Machine Learning Framework for CIDER Functionals

This page covers the machine learning framework used to train exchange-correlation functionals in the CIDER formalism, which is built on Gaussian process regression (GPR).

Gaussian Process Regression

Gaussian process regression is a nonparametric, Bayesian statistical learning model. The detailed theory of Gaussian processes can be found in the excellent textbook by Rasmussen and Williams. [1] This section covers the application of Gaussian process regression to functional design. More details on the formalism can be found in Bystrom and Kozinsky[2] and Bystrom et al.[3]

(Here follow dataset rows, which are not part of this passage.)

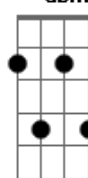

© ukulele-chords.com

Gbm7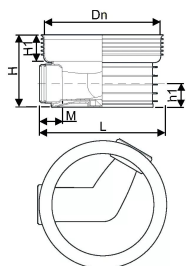

ACCESSO PP 600/200 T1 60-120° RENSE- OG INSPEKTIONSBRØND

1118300

ACCESSO PP 600/200 T1 60-120° RENSE- OG INSPEKTIONSBRØND

1118300

Teknisk data

| | |
|-----------------|-----------|
| Højde mm | 435 mm |
| Vægt kg | 14,732 kg |
| Bredde mm | 745 mm |
| VVS nr | 192090200 |
| Måleenhed (UOM) | stk |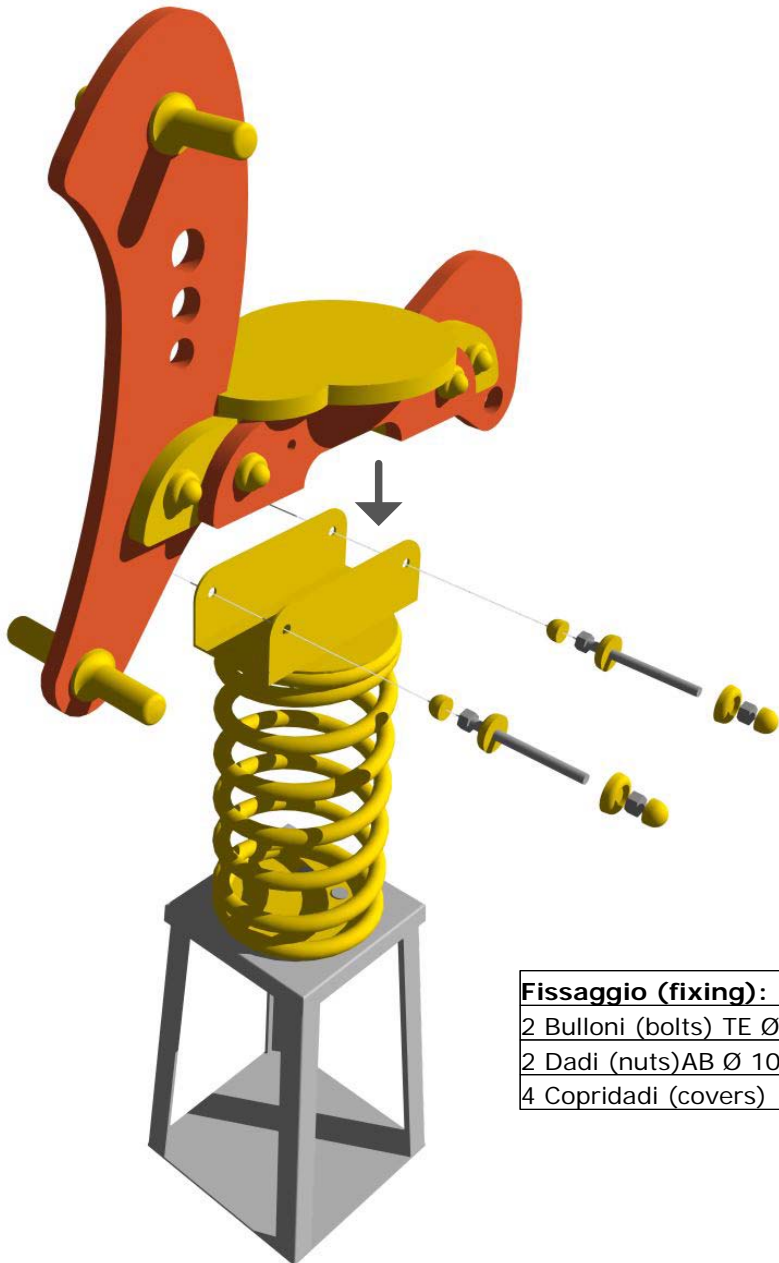

LEGNOLANDIA

THINK SPRING - Rev 0

ISTRUZIONI DI MONTAGGIO

MONTAGE ISTRUCTIONS

Fissaggio (fixing):
2 Bulloni (bolts) TE Ø 10x130 mm
2 Dadi (nuts) AB Ø 10 mm
4 Copridadi (covers)

Articoli Correlati (correlated items)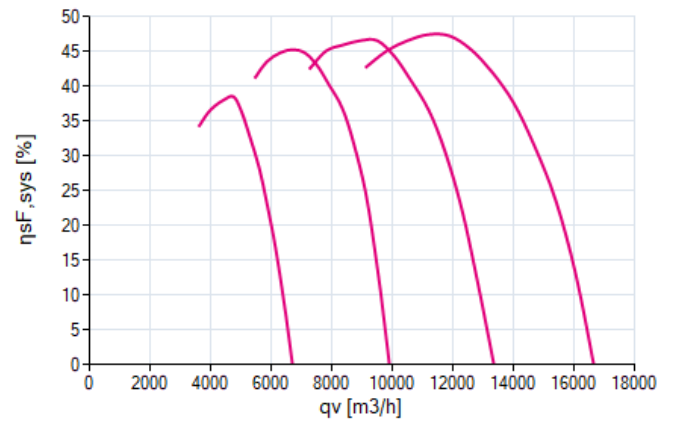

1

ZN080-ZIL.DG.V5P4

Measured in ZAPLUS without guard grille in air flow direction V in installation type A according to ISO5801

161467 | Portfolio STD-WW

měřená hustota 1.16 [kg/m³]

účinnost  $\eta_{F,sys}$ účinnost  $\eta_{SF,sys}$ příkon  $P_{sys}$

Consider the problem of learning some function \(f(\mathbf{x})\), with \(\mathbf{x}\) being a feature vector of independent variables. Let \(\mathbf{X}\) be a feature matrix, where each row \(\mathbf{x}_i\) is the feature vector for training point \(i\), and let \(\mathbf{y}\) be a target vector, where each element \(y_i\) is the observed value of the target function for training point \(i\). Then, there are two key components necessary to construct a Gaussian process regression for \(f(\mathbf{x})\). The first is the covariance kernel \(k(\mathbf{x}, \mathbf{x}')\), which defines the covariance between the values of the predictive function for two points, i.e. \(k(\mathbf{x}, \mathbf{x}')=\text{Cov}(f(\mathbf{x}), f(\mathbf{x}'))\). The matrix of covariances between training points is denoted \(\mathbf{K}\) with matrix elements \(K_{ij}=k(\mathbf{x}_i, \mathbf{x}_j)\). The second is the noise labels \(\sigma_i\), indicating the estimated prior uncertainty on each training observation \(i\). We will denote the diagonal matrix whose entries are the noise covariances \({\sigma_i^{}}^2\) as \(\boldsymbol{\Sigma}_\text{noise}\). Using these components, the predictive function for a test point \(\mathbf{x}_*\) takes the form [1]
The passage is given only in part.